» **WHAT TO DO**
Pull out every line below containing the word "Hagen".

» **MATERIAL FOR THE TASK**

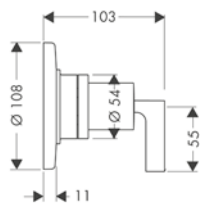

Llaves de paso e inversores empotrados

manecilla plana
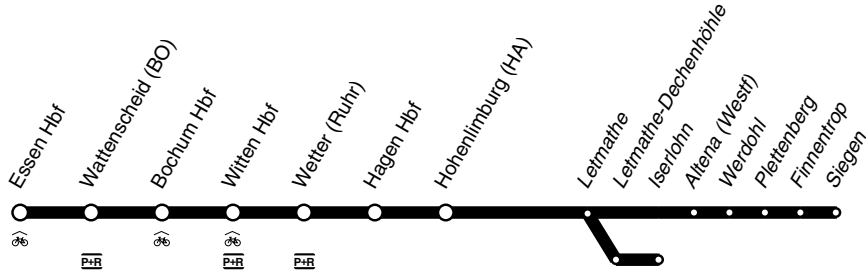

RE **RE16**

Ruhr-Sieg - Express

DB-Kursbuchstrecke: 427, 440

und zurück

Zugteilung in Letmathe Richtung Iserlohn und Siegen

Anschlüsse siehe Haltestellenverzeichnis/Linienplan
Fahrradmitnahme begrenzt möglich

RE16

abellio

**Essen-Bochum-Witten-Hagen-H. limburg-
Letmathe-Iserlohn/Finnentrop-Siegen
und zurück**

RE16

RE

RE **RE16**

montags bis freitags

Haltestellen		Abfahrtszeiten											
Essen Hbf	ab		6.34	6.34	7.34	7.34	8.34	8.34		18.34	19.34	19.34	
Bochum Wattenscheid Bf			41	41	41	41	41	41		41	41	41	
Bochum Hbf	an		6.46	6.46	7.46	7.46	8.46	8.46		18.46	19.46	19.46	
Bochum Hbf	ab		6.47	6.47	7.47	7.47	8.47	8.47		18.47	19.47	19.47	
Witten Hbf			57	57	57	57	57	57		57	57	57	
Wetter Bf.			7.02	7.02	8.02	8.02	9.02	9.02		19.02	20.02	20.02	
Hagen Hauptbahnhof	DB S & an		7.09	7.09	8.09	8.09	9.09	9.09	usw.	19.09	20.09	20.09	
Hagen Hauptbahnhof	DB S & ab	6.10	6.10	7.15	7.15	8.15	8.15	9.15	9.15	bis	19.15	20.15	20.15
Hagen Hohenlimburg Bf	DB &	6.21	6.21	7.25	7.25	8.25	8.25	9.25	9.25		19.25	20.26	20.26
Letmathe Bf	an	6.25	6.25	7.30	7.30	8.30	8.30	9.30	9.30		19.30	20.30	20.30
Letmathe Bf	ab	6.28	6.35	7.32	7.35	8.32	8.35	9.32	9.35		19.35	20.32	20.35
Letmathe-Dechenhöhle			38		38		38		38		38		38
Iserlohn Bf	an		6.42		7.42		8.42		9.42		19.42		20.42
Finnentrop Bf	an	5.58	7.02		8.06		9.06		10.06		21.07		
Siegen Hbf	an	6.44	7.50		8.48		9.48		10.48		21.54		

Weitere Fahrten zwischen Hagen und Iserlohn/Siegen mit der Linie RB91. Weitere Fahrten zwischen Essen und Hagen mit der Linie RB40.

RE16

abellio

Essen-Bochum-Witten-Hagen-H. limburg-
Letmathe-Iserlohn/Finnentrop-Siegen**RE16****RE**

Weitere Fahrten zwischen Hagen und Iserlohn/Siegen mit der Linie RB91. Weitere Fahrten zwischen Essen und Hagen mit der Linie RB40.

RE16
**Essen-Bochum-Witten-Hagen-H. limburg-
Letmathe-Iserlohn/Finnentrop-Siegen**
RE16**RE**
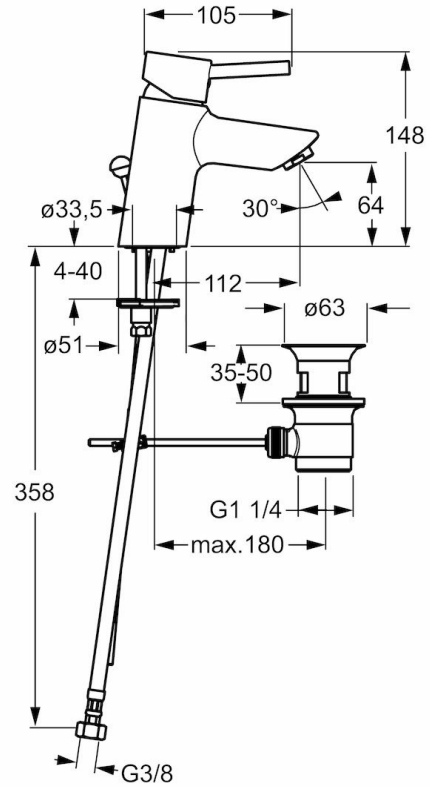

HANSAVANTIS

Style

UMYVADLOVÁ BATERIE

52402207

EAN: 4015474094338

- Koupelna
- Jednopáková
- Chrom
- Pevné výtokové rameno
- CASCADE® aerátor
- Páka se symboly teplé a studené vody, Pin - ovládací páka s tyčinkou, Jedna ovládací páka / rukojeť
- Mechanický uzávěr odpadu s táhlem
- Flexibilní připojovací hadice

Technical data

Technical properties

DN-size (nominal dimension)
Hot water supply
Working pressure
Connection size

DN15
max. +80°C
0.5-10 bar
G3/8

Regulations

EN standard

EN 817

Spare parts

SP52402203

	Name	Code
1	Páka	59914629
1	Páka	59913903
1.1	Šroub, M5x8, SW2.5	59904755
1.3	Záslepka Šedý	59912112
2	Krytka, 33 x 3 mm	59912504
3	Upevňovací matice, M37x1, AF30	59912111
3	Upevňovací matice, M40x1, SW30	59913210
4	Kartuše, 3.5 Eco	59912324
4.1	Temperature adjustment limiter	59912325
4.3	O-kroužek, d 28.24x2.62	59912590
4.4	O-kroužek, d 10.10x1.60	59905072
5.1	Ovládací táhlo vypouštěcího ventilu	59912505
5.10	Těsnění, 9.5 x 14.4 x 2	59912551
5.11	Základní deska	59913211
5.2	Spojovací díl táhel	59904624
5.3	O-kroužek, d 36,09 X d 3,53	59913396
5.3	Těsnění, 43x37x3	59912506
5.5	Upevňovací deska	59904765
5.6	Šroub, M8x1, SW13	59904766
5.7	Upevňovací set	59912113
5.8	Flexibilní hadička, M10 x 1 - 3/8", L=500 mm	59911767
5.8	Šroubení, L=430, M10x1	59912550
5.8	Flexibilní hadička	59913213
5.9	O-kroužek, d 7.65x1.78	59902337
6	Aerator, M24x1, 6 l/min	59913727
7	Vypouštěcí ventil	59904620
N.I.	Plug	59906910
N.I.	Klíč, SW 30/34	59912108
N.I.	Podložka s očkem pro řetěz	59902219

» **EXERCISE SOLUTION**
**Essen-Bochum-Witten-Hagen-H. limburg-
Hagen Hauptbahnhof	DB S & an		7.09	7.09	8.09	8.09	9.09	9.09	usw.	19.09	20.09	20.09	
Hagen Hauptbahnhof	DB S & ab	6.10	6.10	7.15	7.15	8.15	8.15	9.15	9.15	bis	19.15	20.15	20.15
Hagen Hohenlimburg Bf	DB &	6.21	6.21	7.25	7.25	8.25	8.25	9.25	9.25		19.25	20.26	20.26
Weitere Fahrten zwischen Hagen und Iserlohn/Siegen mit der Linie RB91. Weitere Fahrten zwischen Essen und Hagen mit der Linie RB40.
Essen-Bochum-Witten-Hagen-H. limburg-
Weitere Fahrten zwischen Hagen und Iserlohn/Siegen mit der Linie RB91. Weitere Fahrten zwischen Essen und Hagen mit der Linie RB40.
**Essen-Bochum-Witten-Hagen-H. limburg-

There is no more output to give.